Extracted data entries:
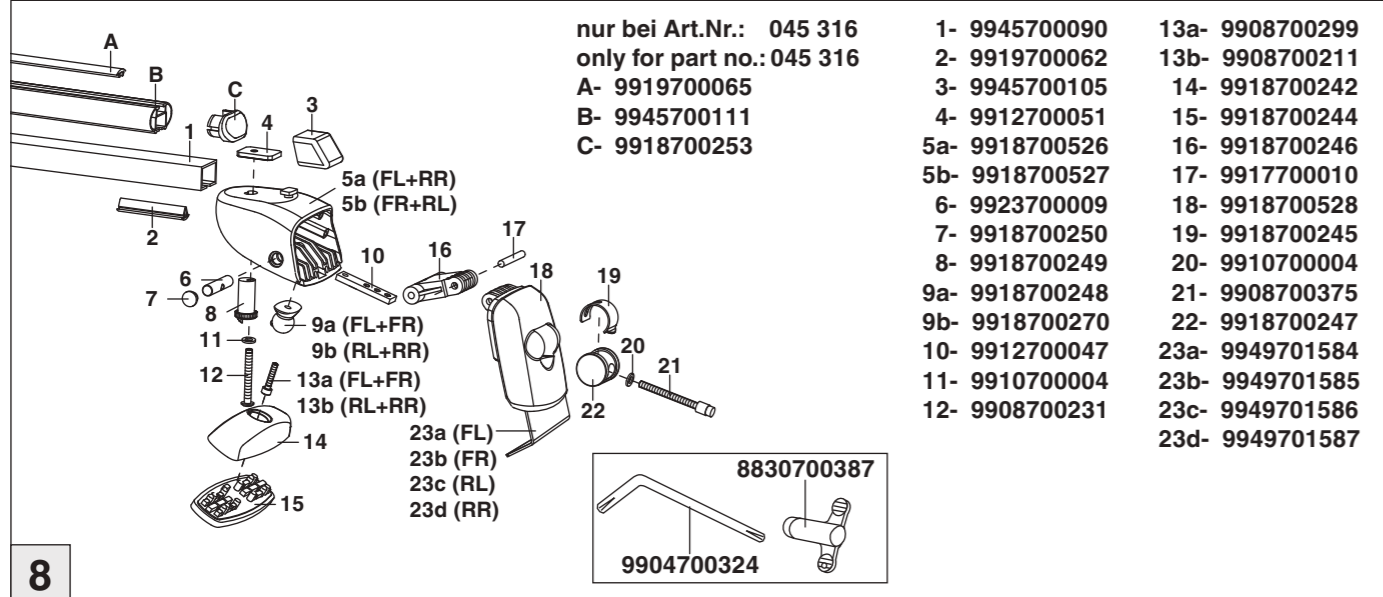

Atera SIGNO

Renault
Twingo 09/2014–

6

nur bei / only for Part-No.: 045 316

7

8

Atera SIGNO

Renault
Twingo 09/2014–

(auch für Faltdach geeignet / also suitable for folding top)

Art.-Nr. / Part-No. : 044 316
Art.-Nr. / Part-No. : 045 316

Art.-Nr. / Part-No. : 044 316

Art.-Nr. /
Part-No. : 045 316

Atera
MADE IN GERMANY

Atera GmbH
Im Herrach 1
D-88299 Leutkirch
Internet: www.atera.de
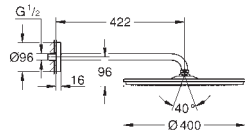

GROHE ВЕРХНИЕ ДУШИ С ДУШЕВЫМИ КРОНШТЕЙНАМИ

Артикул

Цвет

Цена брутто/
РРЦ без НДС, €

26 255 000

хром

968,00

Rainshower Cosmopolitan 400

Верхний душ с душевым кронштейном 422 мм, 1 режим струи
включает в себя:

верхний душ Rainshower Cosmopolitan 400, металл (28 778 000)
один вид струи:

Rain

Душевой кронштейн Rainshower 450 мм (26 146 000)

GROHE DreamSpray превосходный поток воды

GROHE StarLight хромированная поверхность

с системой **SpeedClean** против известковых отложений

может использоваться с проточным водонагревателем

минимальное давление 1,0 бар

26 256 000

хром

959,00

Rainshower Cosmopolitan 400

Верхний душ с потолочным душевым кронштейном 142 мм, 1 режим струи
включает в себя:

верхний душ Rainshower Cosmopolitan 400 мм (28 778 000)

один вид струи:

Rain

Rainshower Потолочный душевой кронштейн 142 мм (28 724 000)

GROHE DreamSpray превосходный поток воды

GROHE StarLight хромированная поверхность

с системой **SpeedClean** против известковых отложений

может использоваться с проточным водонагревателем

минимальное давление 1,0 бар
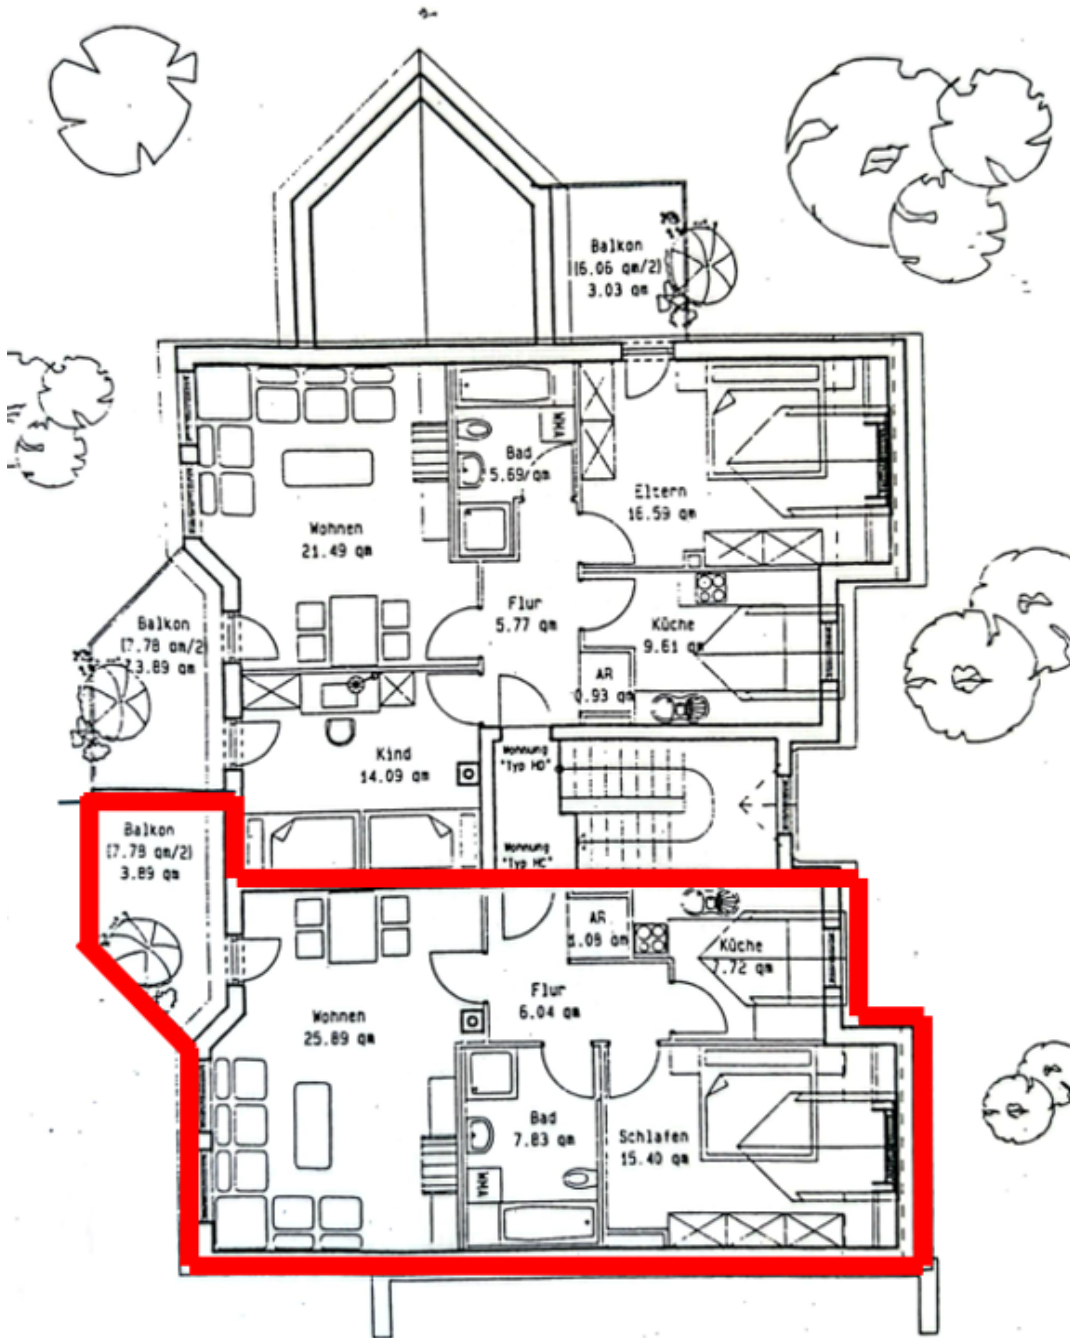

GRUNDRISS : HAUS 8 TYP *HC*+*HD* DG

2-Zimmer-Wohnung
Typ *HC*

3-Zimmer-Wohnung
Typ *HD*

Brutto-Wohnfläche	67.85 qm	Brutto-Wohnfläche	81.09 qm
-3% Putz	2.04 qm	-3% Putz	2.43 qm
Netto-Wohnfläche	65.81 qm	Netto-Wohnfläche	78.66 qm

12.04.1988 P4
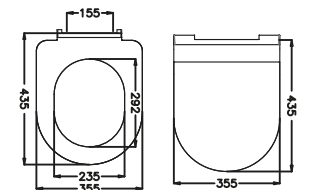

53118 CAPRI SUPER SLIM

- Ağırlık (g) : 1950
- Paslanmaz Krom Metal Menteşeli
- Bağlama Şekli : Üstten
- Koli Adedi : 6
- Weight (g) : 1950
- Hinge Material : Stainless Steel
- Fixing type : Top
- Pcs in package : 6
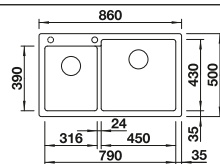

PLEON 9 SILGRANIT

- nadčasovo elegantný, rovný tvar
- veľký priestor pre batériu a štíhla montážna hrana
- ľahko umývateľný, plynulý prechod od okraja drezu k priestoru pre batériu
- kvalitné prevedenie s prekrytým C-overflow prepacom a InFino odtokovou armatúrou – elegantne integrovaná a mimoriadne jednoduchá na údržbu

Zabudovanie
zhora

ROZMER SKRINKY MM

900

900

PLEON 9

Vanička vpravo

Vanička vľavo

čierna

525 958

527 636

antracit

523 057

527 637

sivá skala

523 058

527 638

sivá vulkán

527 325

527 639

biela

523 061

527 640

biela soft

527 142

527 641

tartufo

523 064

527 642

káva

523 066

527 643

Hĺbka vaničky

220/220 mm

220/220 mm

podfrezované otvory na
vyklepnutie

RÁDIUS VANIČKY

V DODÁVKE
InFino manuálna bez
excentrického ovládania

odtoková armatúra so sitkom InFino 2 x 3 1/2"

VOLITELNÉ PRÍSLUŠENSTVO

Doska na krájanie
z masívneho buka
218313

Doska na krájanie
z kvalitného plastu, biela
217611

Rohová miska
235 866

BLANCO UNIT S PLEON 9

LINUS-S

pozri stranu 375

BOTTON II 30/2

pozri stranu 438
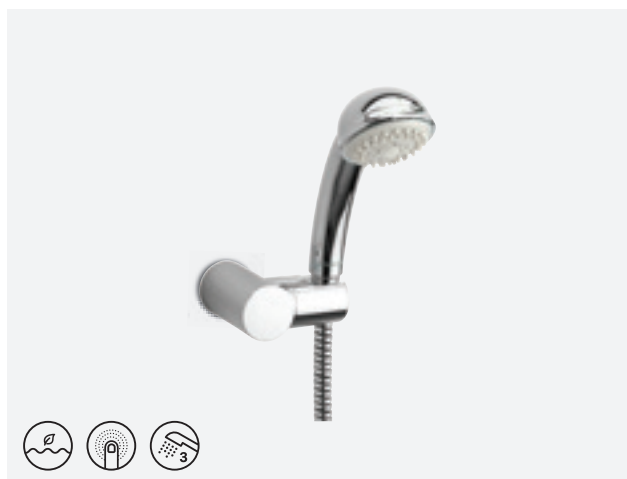

**PINE PLUS DUŠIKOMPLEKT**

VIIMISTLUS	KROOM
TOOTEKOOD	7666000
HIND	€ 60,00

**KUDOS PLUS DUŠIKOMPLEKT**

VIIMISTLUS	KROOM
TOOTEKOOD	7667000
HIND	€ 169,00

**KUDOS GRANDE DUŠIKOMPLEKT**

VIIMISTLUS	KROOM
TOOTEKOOD	7650400
HIND	€ 141,00

DUŠIKOMPLEKTID

TRADITION DUŠIKOMPLEKT

VIIMISTLUS	KROOM
TOOTEKOOD	7651100
HIND	€ 200,00

PLUS DUŠIKOMPLEKT

VIIMISTLUS	KROOM
TOOTEKOOD	7650700
HIND	€ 44,00

SLATE DUŠIKOMPLEKT

VIIMISTLUS	KROOM/MUST
TOOTEKOOD	7665574
HIND	€ 172,00

**KUDOS PLUS DUŠIKOMPLEKT VANNILE**

VIIMISTLUS KROOM
TOOTEKOOD 7666700
HIND € 124,00

**PLUS DUŠIKOMPLEKT VANNILE**

VIIMISTLUS KROOM/MUST
TOOTEKOOD 7651200
HIND € 57,00

**TRADITION DUŠIKOMPLEKT VANNILE**

VIIMISTLUS KROOM
TOOTEKOOD 7651400
HIND € 104,00
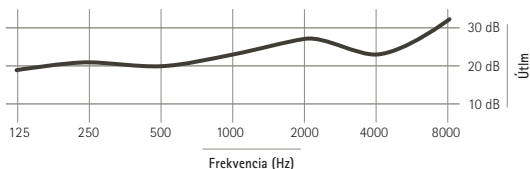

Špecifické výhody produktu

Zoslabenie zvuku: ☒ ☒ ☒ ☒ ☒ ☐

Zlepšenie sústredenia: ☒ ☒ ☒ ☒ ☒ ☐

24 SNR | 16 NRR

Údaje z osvedčenia Serenity Choice™ Motorsport (KI 25)

CE	125 (Hz)	250 (Hz)	500 (Hz)	1 (kHz)	2 (kHz)	4 (kHz)	8 (kHz)	H	M	L	SNR
Stredná hodnota útlmu (dB)	23.2	22.3	22.7	24.8	30.8	22.5	36.7				
Štandardná odchýlka (dB)	3.0	2.6	2.6	3.6	3.3	2.9	3.5	23	22	21	24
Očakávaná úroveň ochrany 95% (dB)	20.2	19.7	20.1	21.2	27.5	19.6	33.2				

ANSI	125 (Hz)	250 (Hz)	500 (Hz)	1 (kHz)	2 (kHz)	3.15 (kHz)	4 (kHz)	6.3 (kHz)	8 (kHz)	NRR
Stredná hodnota útlmu (dB)	22.1	20.7	20.5	24.3	31.1	31.6	21.8	22.7	33.7	
Štandardná odchýlka (dB)	3.0	2.8	3.6	3.8	4.0	5.1	3.2	3.4	4.1	16
Očakávaná úroveň ochrany 98% (dB)	18.1	15.1	13.3	16.7	23.1	-	18.4	-	20.7	

Používanie produktu

- Zoslabuje hluk spôsobený vetrom a prúdením vzduchu
- Zoslabuje hluk motora
- Predchádza poškodeniu sluchu na motoristických akciách, ako je napr. rallye, motocyklové závody, či závody tryskových člnov
- Eliminuje poškodenie sluchu pri dynamometrii

Obsah balenia

- 3 páry ušných koncoviek (veľkosť S, M a L)
- Dva akustické filtre 24 dB
- Hliníkové púzdro s krúžkom na kľúče
- Viacjazyčná príručka

What this task involves: A single number is the whole answer: the tally of lines above that contain "hluk".

Expected answer: 2